* Task brief
Which of the lines below contain the string "Plaque"? Copy each one.

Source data
▶

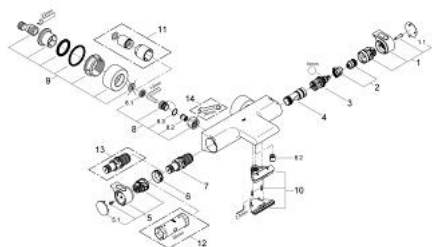

34 174 001 GROHTHERM 2000 MITIGEUR THERMOSTATIQUE BAIN/DOUCHE 1/2"

PIÈCES DE RECHANGE, février 2012 – maintenant

- 1: Poignée de fermeture (Numéro de commande 47923000)
- 1.1: Plaque de recouvrement (Numéro de commande 4788300M)
- 2: Butée (Numéro de commande 47925000)
- 3: Aquadimmer (Numéro de commande 12433000)
- 4: conduite d'eau (Numéro de commande 47751000)
- 5: Poignée graduée (Numéro de commande 47917000)
- 5.1: Plaque de recouvrement (Numéro de commande 4788300M)
- 6: Bague de fixation (Numéro de commande 47743000)
- 7: Cartouche thermostatique compacte 1/2" (Numéro de commande 47439000)
- 8: Clapet anti-retour (Numéro de commande 47189000)
- 8.1: Filtre à d'impuretés (Numéro de commande 0726400M)
- 8.2: Clapet anti-retour (Numéro de commande 08565000)
- 8.3: Joint torique 17 x 2 (Numéro de commande 0305500M)
- 9: Raccord S mural (Numéro de commande 12693000)
- 10: conduite d'eau (Numéro de commande 47924000)
- 11: Rallonge 3/4" 30 mm (Numéro de commande 46238000)*
- 12: Clé 14 (Numéro de commande 19332000)*
- 13: Cartouche GROHE TurboStat 1/2" (Numéro de commande 47175000)*
- 14: Clé spéciale, 30 mm et 34 mm (Numéro de commande 19377000)*
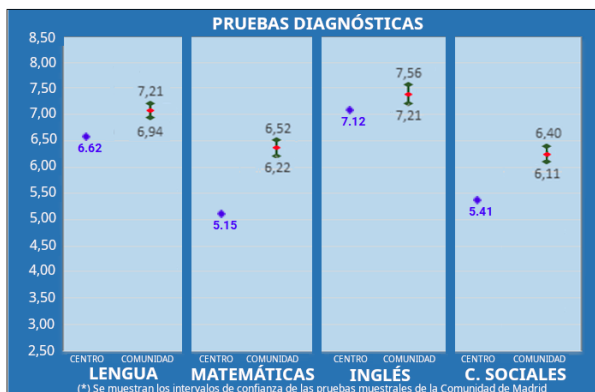

**RESULTADOS PRUEBAS EXTERNAS CAM 2023/2024**

4º de Primaria:

	Lengua y Literatura	Matemáticas	Lengua Extranjera: Inglés	Ciencias Sociales
INTERVALOS GRUPOS MUESTRALES COMUNIDAD DE MADRID	7,21 - 6,94	6,52 - 6,22	7,56 - 7,21	6,40 - 6,11
<b>PROMEDIOS GRUPOS DEL CENTRO</b>	<b>6.6170</b>	<b>5.1489</b>	<b>7.1224</b>	<b>5.4082</b>

GRÁFICA DE PROMEDIOS POR ÁREAS

6º de Primaria:

	Lengua y Literatura	Matemáticas	Lengua Extranjera: Inglés	Ciencias Sociales
INTERVALOS GRUPOS MUESTRALES COMUNIDAD DE MADRID	7,56 - 7,31	6,58 - 6,32	6,98 - 6,64	6,64 - 6,38
<b>PROMEDIOS GRUPOS DEL CENTRO</b>	<b>7.6744</b>	<b>6.7442</b>	<b>7.4773</b>	<b>6.6591</b>

GRÁFICA DE PROMEDIOS POR ÁREAS
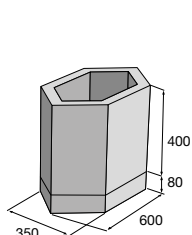

Kvetináč H-E-X 400

Kvetináč H-E-X 500

Kvetináč H-E-X 600

Kvetináč G-ROW

Základný element

Originálne kvetináče H-E-X tvarovo prepojené s dlažbovými prvkami nájdete na str. 16–19.

Originálne kvetináče G-ROW tvarovo prepojené s dlažbovými prvkami nájdete na str. 20–21.

◀

* Answer for this exercise
- 1.1: Plaque de recouvrement (Numéro de commande 4788300M)
- 5.1: Plaque de recouvrement (Numéro de commande 4788300M)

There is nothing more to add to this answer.